START SOURCE RECORDS

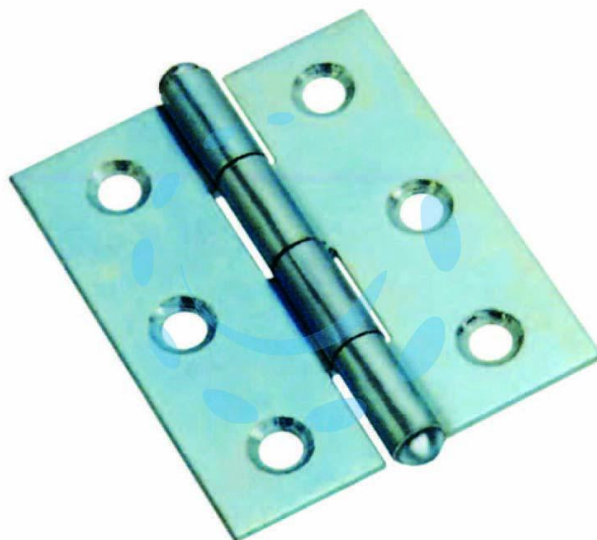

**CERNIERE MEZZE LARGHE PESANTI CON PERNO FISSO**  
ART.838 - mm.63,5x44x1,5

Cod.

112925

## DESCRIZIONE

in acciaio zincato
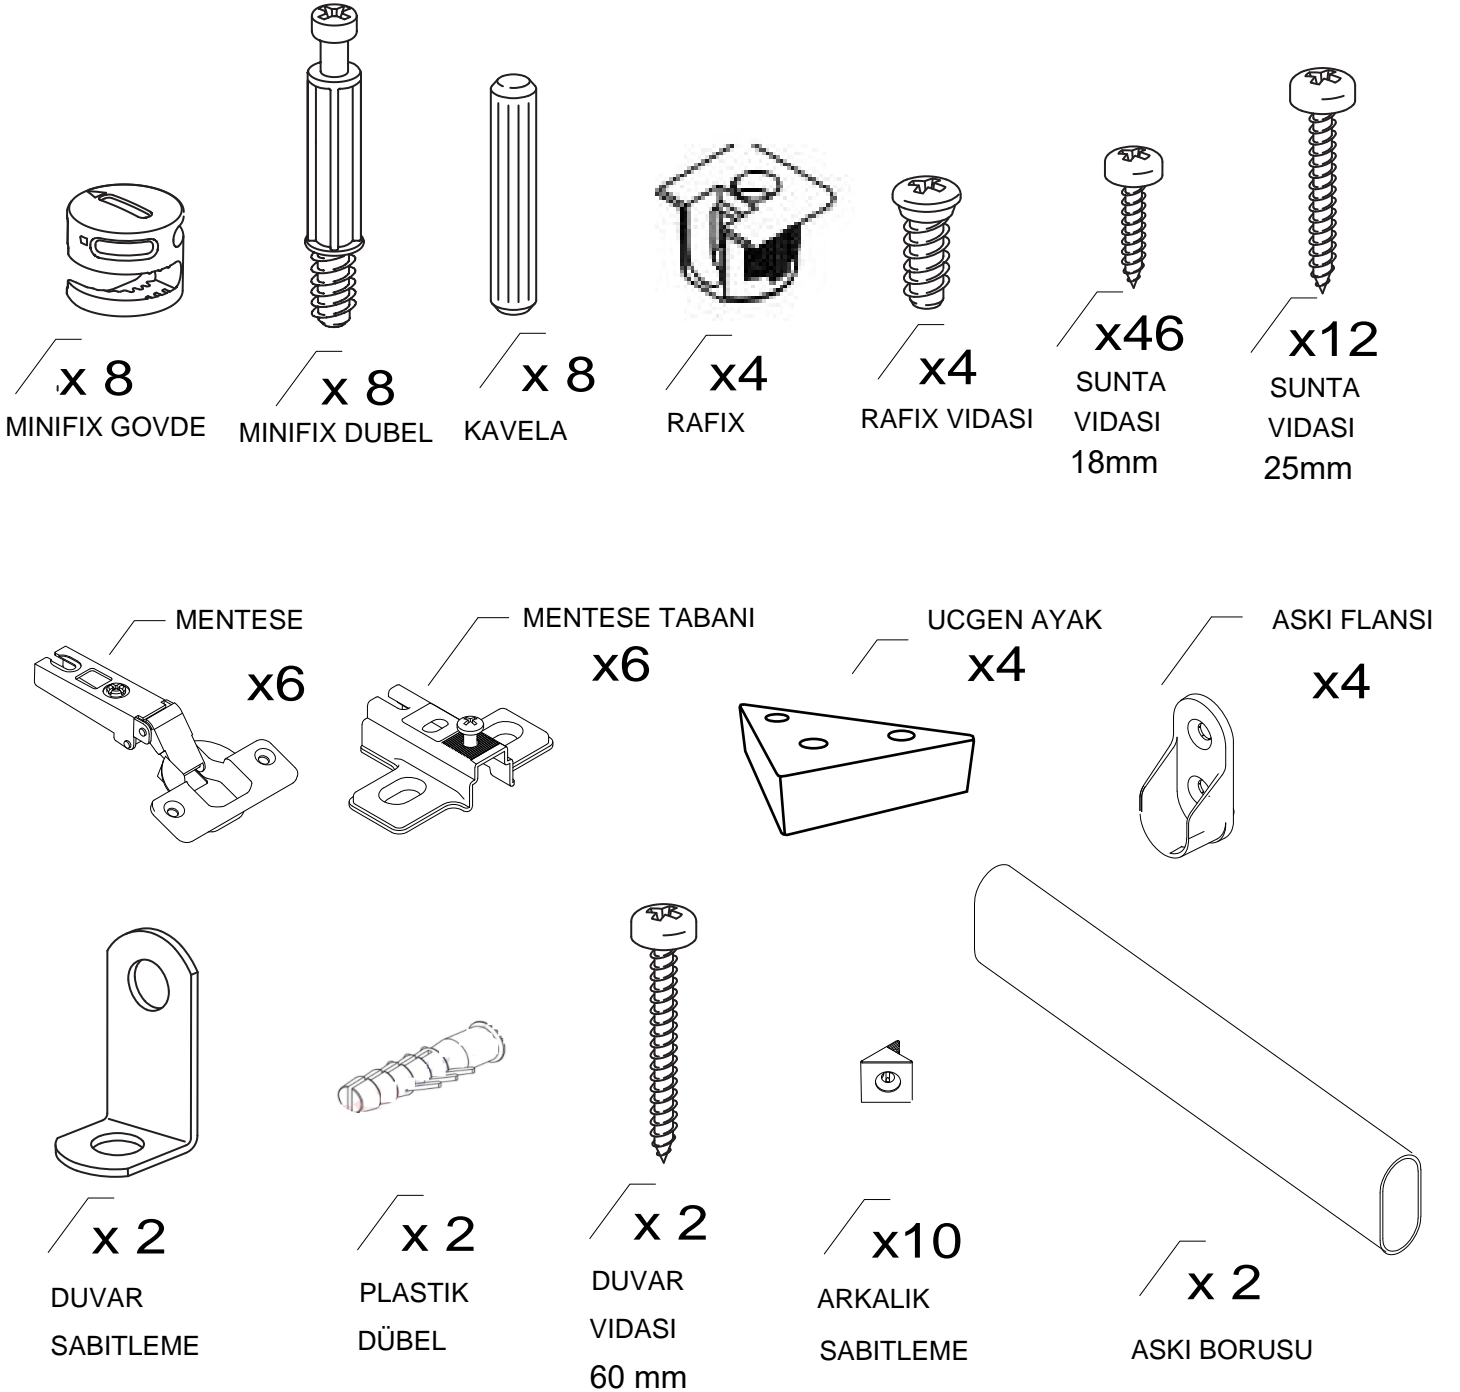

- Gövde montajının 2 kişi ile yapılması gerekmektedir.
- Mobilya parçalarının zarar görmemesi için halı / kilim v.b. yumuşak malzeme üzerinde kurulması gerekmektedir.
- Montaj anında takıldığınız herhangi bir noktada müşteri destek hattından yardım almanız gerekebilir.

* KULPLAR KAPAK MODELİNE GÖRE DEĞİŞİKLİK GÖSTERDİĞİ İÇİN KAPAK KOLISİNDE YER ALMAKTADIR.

END SOURCE RECORDS

Check each line above for the word "gerekmektedir", and copy the lines where it appears.

** EXERCISE RESPONSE **
- Gövde montajının 2 kişi ile yapılması gerekmektedir.
- Mobilya parçalarının zarar görmemesi için halı / kilim v.b. yumuşak malzeme üzerinde kurulması gerekmektedir.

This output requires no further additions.